> _Records for this task_
--- START ---
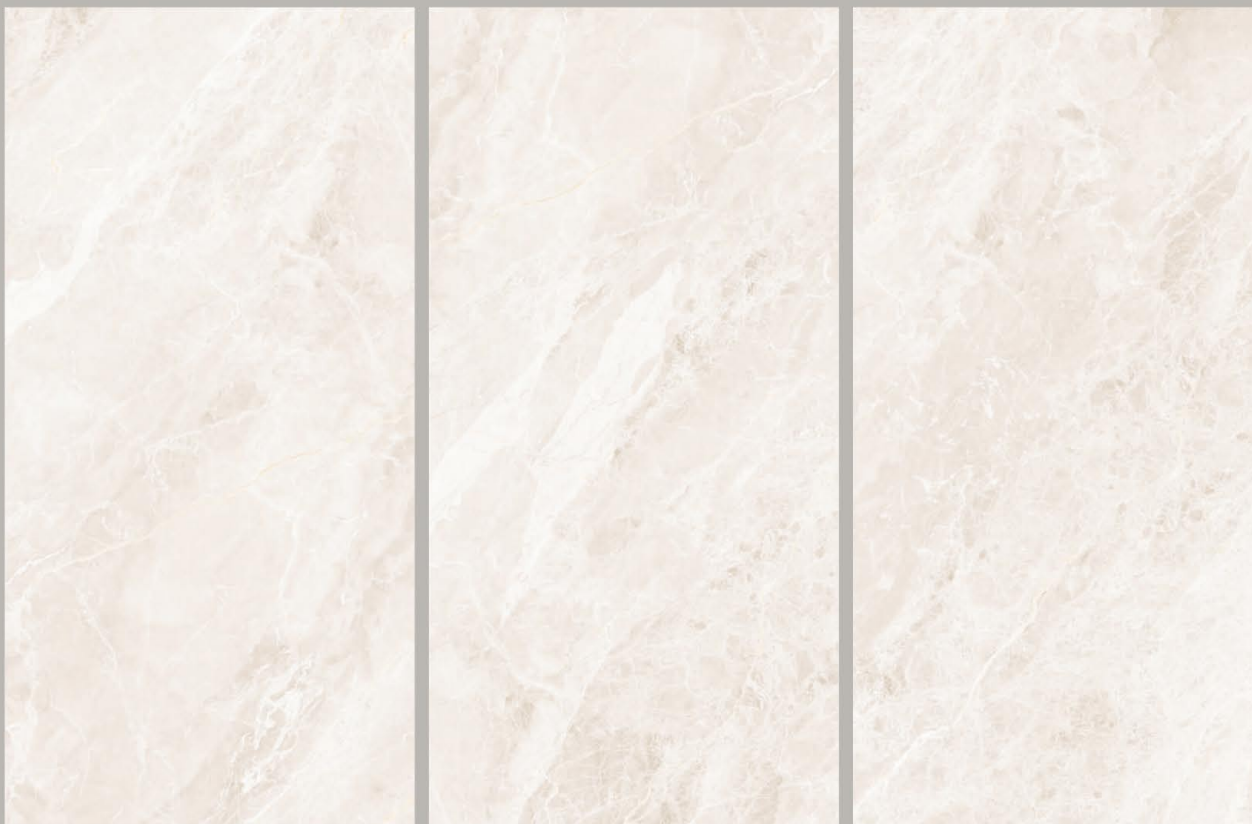

## EVOLIC BEIGE

RANDOM

800X  
1600MM

**MATT+**  
CARVING

**MARBLE TOUCH**  
next level slab
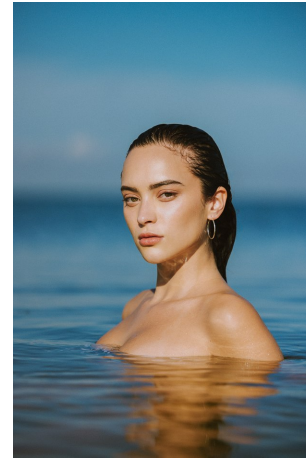

Gabi Purcell Height 5'8" | 173cm Bust 32" | 81cm Waist 24" | 61cm Hips 36" | 92cm
Dress 2 US | 32 EU Shoe 8 US | 39 EU Hair Brown Eyes Hazel

Gabi Purcell Height 5'8" | 173cm Bust 32" | 81cm Waist 24" | 61cm Hips 36" | 92cm
Dress 2 US | 32 EU Shoe 8 US | 39 EU Hair Brown Eyes Hazel
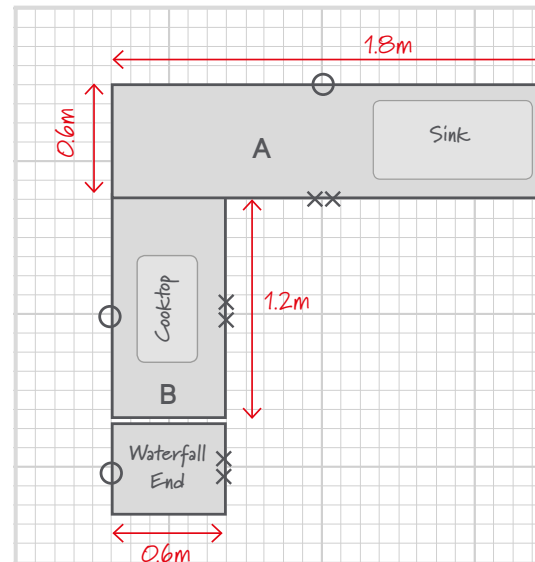

Wall - 0mm to 600mm

Wall - 600mm plus

EXTRA ITEMS

Under mount sink cutout

Drain grooves

Polishing of underside of benchtop

Additional cutouts

Tap holes

GPO cutouts

Installation for additional rooms (ie. bathroom, laundry)

TOTAL PRICE (incl. GST)

ORDER FORM

Complete and submit to the Special Orders desk.

CALCULATE SQUARE METRE AREA (m²)

| | | |
|------------------------------|---|---|
| Benchtop Section A | x | = |
| Benchtop Section B | x | = |
| Benchtop Section C | x | = |
| Total m ² (A+B+C) | | |
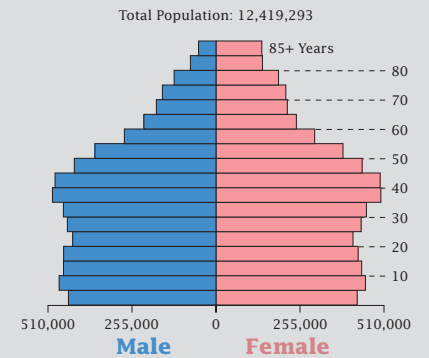

# Census 2000: Illinois Profile

## Population Density by Census Tract

## State Race\* Breakdown

Hispanic or Latino (of any race) makes up **12.3%** of the state population.

## Population by Sex and Age
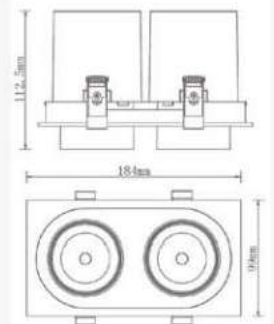

VT-436

NEW

SKU: 20050 | 4000K DAY WHITE

WATTS	LUMENS	BOX QTY.
2x18w	2900	10 pcs
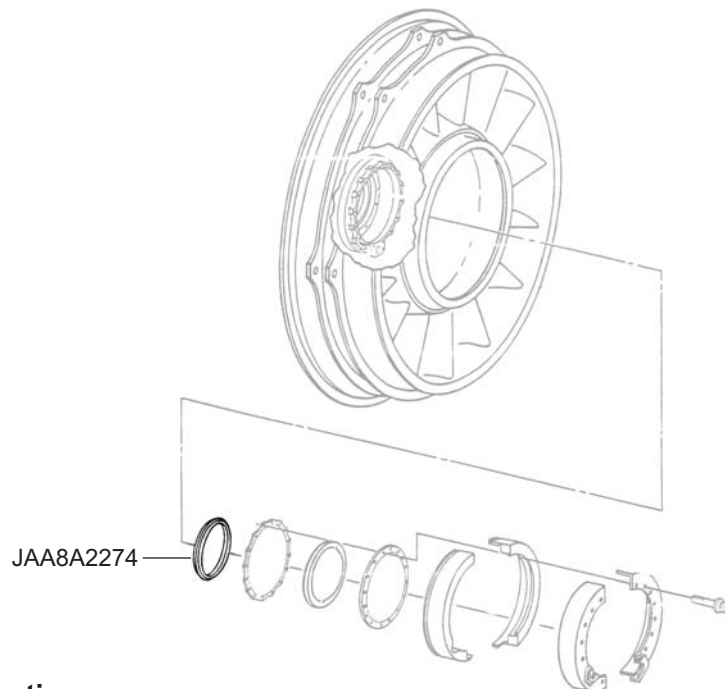

## SEAL-PLAIN

Jet Avion Part Number JAA8A2274

Pratt & Whitney Part Number A8A2274

**Model Eligibility:**  
See FAA/PMA Supplement

**IPC Reference:**  
PW2000-72-54

**Quantity Per Engine:**  
1

**Engine Location:**  
#5 Bearing
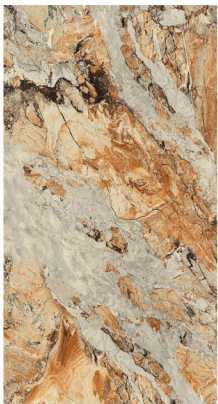

800x1600 —

CREATIVE
FROM
ITS
CORE

**next
generation
marble
slab**

800x1600mm
80x160cm

fantastic format

Taking into account the new demands of the world of architecture and interior design, Our launches new formats of slim slab marble tiles in large dimensions with the additions of 800x1600mm expanding its range of technical solutions & innovation for better lifestyle.

ARIXIANIA ROCK

HG
HIGH GLOSS

RANDOM

ARMANI BROWN

HG
HIGH GLOSS

RANDOM

CONCEPT OF ARMANI VERDE

ARMANI VERDE
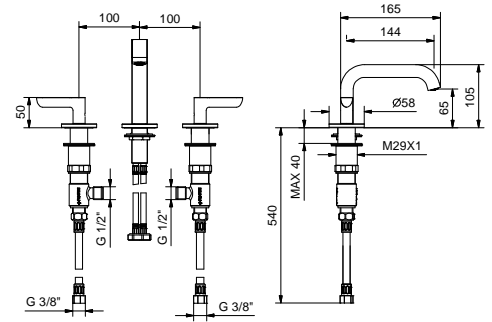

R104W
lead∅free

3-hole washbasin mixer

- spout projection 14,5 cm
- handles
- flow restrictor 5 l/min at 3 bar
- 90° ceramic cartridge
- flexible supply lines
- WITHOUT WASTE

Chrome	53 02 R104W
Matt Black	53 13 R104W
Polished Nickel PVD	53 95 R104W
Matt Gun Metal PVD	53 P5 R104W
Matt British Gold PVD	53 P6 R104W
Matt Copper PVD	53 P9 R104W
Pure Brass PVD	53 Q7 R104W
Raw Metal PVD	53 Q8 R104W
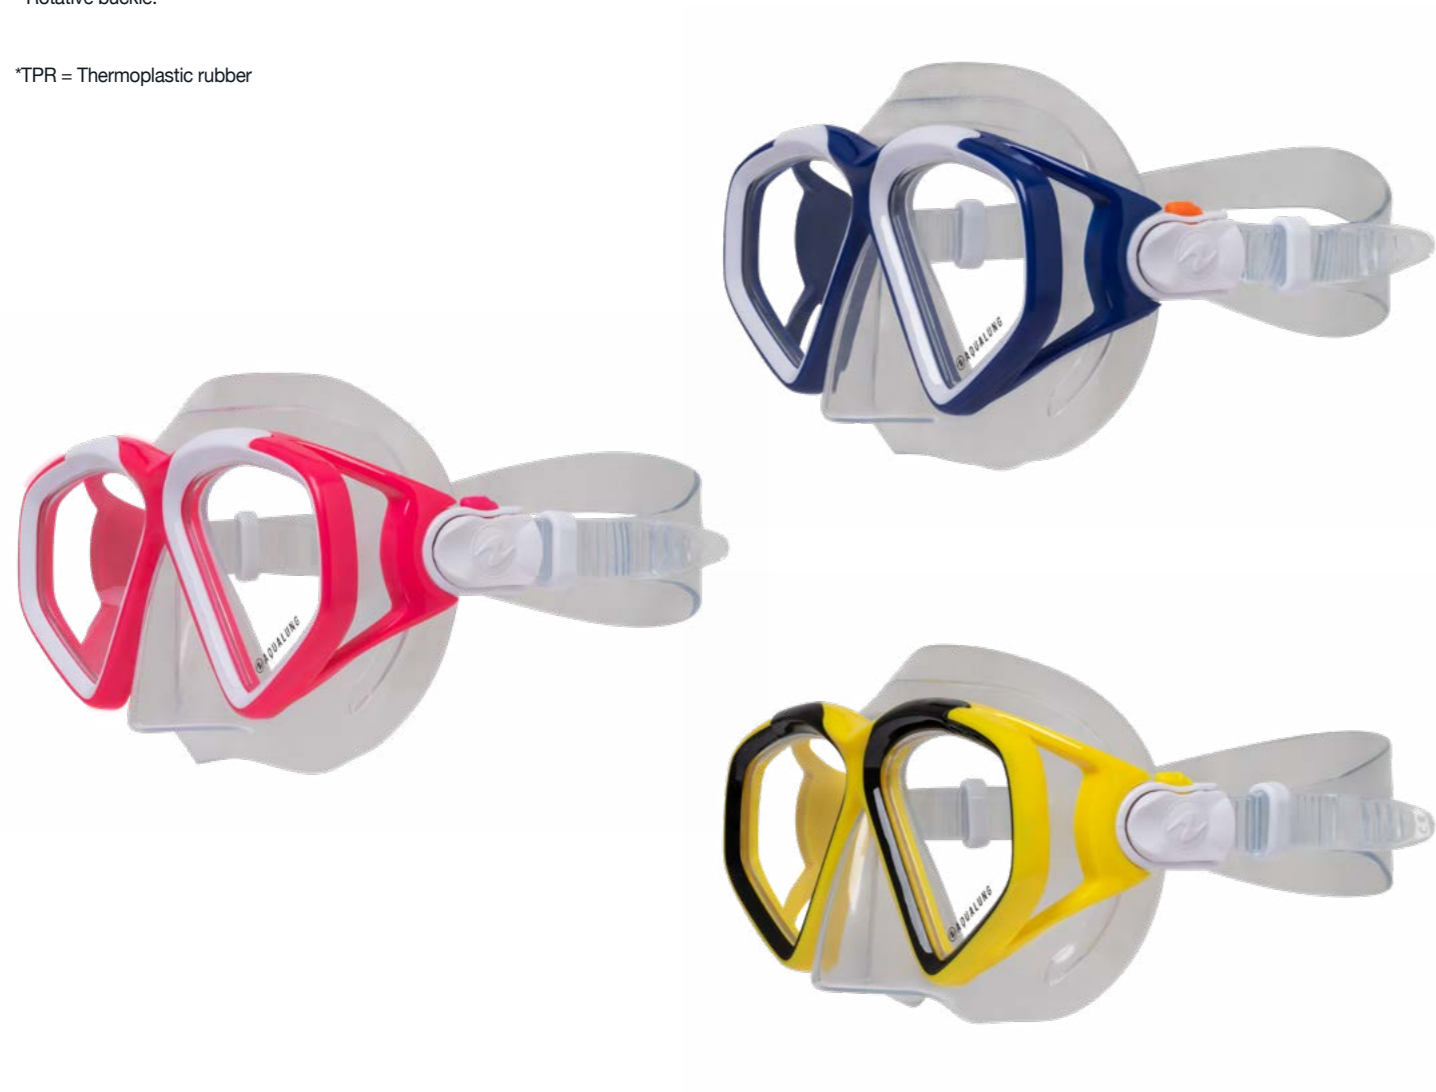

SNORKEL

- Splashguard top to prevent water from getting inside the tube.
- One-way purge valve allows for easy clearing.
- Ergonomic mouthpiece shape.
- Comfortable silicone mouthpiece.

*TPR = Thermoplastic rubber

Hawkeye 2.0 Masks

- BLUE 731020 BLWWH CLR
- PINK 731020 PKWWH CLR
- YELLOW 731020 YLKWH CLR

Technical Features

MASK

- Shatter resistant Polycarbonate lens with antifog coating.
- Soft TPR* skirt for better comfort and fit.
- Easy adjust 3-way buckle system.
- Rotative buckle.

*TPR = Thermoplastic rubber

Zinger 2.0 Fins

Give a twist to your snorkeling exploration with the Zinger fin. Comfortable, easy to use and adaptable, take it with you for even more fun.

	S	M	L
	US 4 - 7	US 7 - 10	US 10 - 13
	UK 4 - 7	UK 7 - 10	UK 10 - 13
	EU 36 - 40	EU 40 - 44	EU 44 - 48
■ BLUE	730006 S NVWH	730006 M NVWH	730006 L NVWH
■ PINK	730006 S PKWH	730006 M PKWH	730006 L PKWH
--- END ---
> _Your goal_
The records are to be returned verbatim. Skip any picture they contain.

> _Output_
## EVOLIC BEIGE

RANDOM

800X  
1600MM

**MATT+**  
CARVING

**MARBLE TOUCH**  
next level slab

Gabi Purcell Height 5'8" | 173cm Bust 32" | 81cm Waist 24" | 61cm Hips 36" | 92cm
Dress 2 US | 32 EU Shoe 8 US | 39 EU Hair Brown Eyes Hazel

Gabi Purcell Height 5'8" | 173cm Bust 32" | 81cm Waist 24" | 61cm Hips 36" | 92cm
Dress 2 US | 32 EU Shoe 8 US | 39 EU Hair Brown Eyes Hazel

Wall - 0mm to 600mm

Wall - 600mm plus

EXTRA ITEMS

Under mount sink cutout

Drain grooves

Polishing of underside of benchtop

Additional cutouts

Tap holes

GPO cutouts

Installation for additional rooms (ie. bathroom, laundry)

TOTAL PRICE (incl. GST)

ORDER FORM

Complete and submit to the Special Orders desk.

CALCULATE SQUARE METRE AREA (m²)

| | | |
|------------------------------|---|---|
| Benchtop Section A | x | = |
| Benchtop Section B | x | = |
| Benchtop Section C | x | = |
| Total m ² (A+B+C) | | |

# Census 2000: Illinois Profile

## Population Density by Census Tract

## State Race\* Breakdown

Hispanic or Latino (of any race) makes up **12.3%** of the state population.

## Population by Sex and Age

VT-436

NEW

SKU: 20050 | 4000K DAY WHITE

WATTS	LUMENS	BOX QTY.
2x18w	2900	10 pcs

## SEAL-PLAIN

Jet Avion Part Number JAA8A2274

Pratt & Whitney Part Number A8A2274

**Model Eligibility:**  
See FAA/PMA Supplement

**IPC Reference:**  
PW2000-72-54

**Quantity Per Engine:**  
1

**Engine Location:**  
#5 Bearing

800x1600 —

CREATIVE
FROM
ITS
CORE

**next
generation
marble
slab**

800x1600mm
80x160cm

fantastic format

Taking into account the new demands of the world of architecture and interior design, Our launches new formats of slim slab marble tiles in large dimensions with the additions of 800x1600mm expanding its range of technical solutions & innovation for better lifestyle.

ARIXIANIA ROCK

HG
HIGH GLOSS

RANDOM

ARMANI BROWN

HG
HIGH GLOSS

RANDOM

CONCEPT OF ARMANI VERDE

ARMANI VERDE

R104W
lead∅free

3-hole washbasin mixer

- spout projection 14,5 cm
- handles
- flow restrictor 5 l/min at 3 bar
- 90° ceramic cartridge
- flexible supply lines
- WITHOUT WASTE

Chrome	53 02 R104W
Matt Black	53 13 R104W
Polished Nickel PVD	53 95 R104W
Matt Gun Metal PVD	53 P5 R104W
Matt British Gold PVD	53 P6 R104W
Matt Copper PVD	53 P9 R104W
Pure Brass PVD	53 Q7 R104W
Raw Metal PVD	53 Q8 R104W

SNORKEL

- Splashguard top to prevent water from getting inside the tube.
- One-way purge valve allows for easy clearing.
- Ergonomic mouthpiece shape.
- Comfortable silicone mouthpiece.

*TPR = Thermoplastic rubber

Hawkeye 2.0 Masks

- BLUE 731020 BLWWH CLR
- PINK 731020 PKWWH CLR
- YELLOW 731020 YLKWH CLR

Technical Features

MASK

- Shatter resistant Polycarbonate lens with antifog coating.
- Soft TPR* skirt for better comfort and fit.
- Easy adjust 3-way buckle system.
- Rotative buckle.

*TPR = Thermoplastic rubber

Zinger 2.0 Fins

Give a twist to your snorkeling exploration with the Zinger fin. Comfortable, easy to use and adaptable, take it with you for even more fun.

	S	M	L
	US 4 - 7	US 7 - 10	US 10 - 13
	UK 4 - 7	UK 7 - 10	UK 10 - 13
	EU 36 - 40	EU 40 - 44	EU 44 - 48
■ BLUE	730006 S NVWH	730006 M NVWH	730006 L NVWH
■ PINK	730006 S PKWH	730006 M PKWH	730006 L PKWH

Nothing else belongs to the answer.